Now, OUT OF GAME, I've got 2 players, one of whom turned invisible, and ran up and cast a protection spell on his ally. Now, my players and I have to argue about whether or not its feasible for his character to attack the spell caster, or whether he expects his friend to cast a spell on him so he'll allow it.

This is bad, because the PLAYER KNOWS that his friend cast a spell on him, but he has to play as if he doesn't have that knowledge. And I certainly don't feel like having any invisible character pass me notes describing what they're doing so no one in the party has a clue what's going on.

As a DM, I would NOT want to deal with this. It's simpler just to say that Invisible opponents do not provoke AoO. I wouldn't even say that a bull rush, disarm attempt, or grapple check would provoke one. This is namely because you make your AoO BEFORE the action of the provoker finishes... thus you see someone about to grapple you, and you make a stab at him with your sword before he can get ahold on you and start the grapple. The wizard reaches into his component pouch to start casting a spell, and the fighter sees the wizard lower his quarterstaff a bit, and stabs at the opening.

If 3.5 came up with some concrete rules on dealing with invisible opponents and AoO, I'd go with them, assuming they're less complex than grappling rules currently are. ;)

For the record, my personal view of AoO, like Hypersmurf was saying, is attacking openings in a person's defenses. Attack rolls DO mean more than one swing of the sword and such however. I view an AoO by saying that when someone drops their defenses, you begin concentrating your swings on that area, thus taking advantage of the OPPORTUNITY to get in an attack... hense the name. ;)
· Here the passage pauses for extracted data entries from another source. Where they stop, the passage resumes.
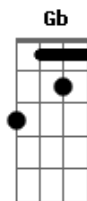

Signal - Sueño Hecho Realidad

Tom: E
Intro: E A E B A B A

E
Ontem vim a entender
O que se imaginou
E
Quando por conta me dei
Embarquei na minha confusão
A
Se só resta esperar
E
Te encontrarei em sonhos pra lembrar
O quanto era bom, o quanto eu achava bom
B A B A E
Viva, me espere do outro lado
E
Desenhei no papel
Algo pra te mostrar
A
Você vindo como véu
E
E eu cantando pra você entrar
Pra ver
B A B A B7
Veja um pedaço do que será

(Ab G Gb)

B E
O quanto era bom

(A E
(Dbm7 A Dbm7 A)
(Dbm7 B A E)

Acordes

© ukulele-chords.com

© ukulele-chords.com

© ukulele-chords.com

© ukulele-chords.com

But we could debate this all year, as Hyper and Loki pointed out... those are just my thoughts.
 

Hypersmurf

Moderatarrrrh...
In other words, how do you handle it when a character detects an invisible AoO-provoking character? Do you just depend on the roleplaying capacity of your players, or do you impose an additional check to determine if they identify their ally correctly, or do you just make 'em swing away, or what?

I'm fortunate in that the party I DM that has a sorcerer with invisibility is a PbEM party, and in my FTF game they haven't really used the spell.

So I can send someone a private email saying "An AoO has been provoked. Wanna take it?"

... and they don't know who or how it's been provoked.

It's much more fiddly in a FTF situation.

-Hyp.
 

LokiDR

First Post
Murrdox said:
I think this is one reason that I'm going to say that Invisible creatures don't provoke AoO...

I would NOT want to deal with this as a game mechanic.

For the record, my personal view of AoO, like Hypersmurf was saying, is attacking openings in a person's defenses. Attack rolls DO mean more than one swing of the sword and such however. I view an AoO by saying that when someone drops their defenses, you begin concentrating your swings on that area, thus taking advantage of the OPPORTUNITY to get in an attack... hense the name. ;)

Actually, Hyp would say the person dropped their defense and one of your multiple swings that would not have otherwise hit gets a chance to.

The problem is that turning invisibility into immunity from AoOs is that it turns a usefull second level spell into a very powerful spell. Invis is already powerful. Removing AoOs slides into breaking game balance. If you want that simplicity, you might want to change the level of the spell.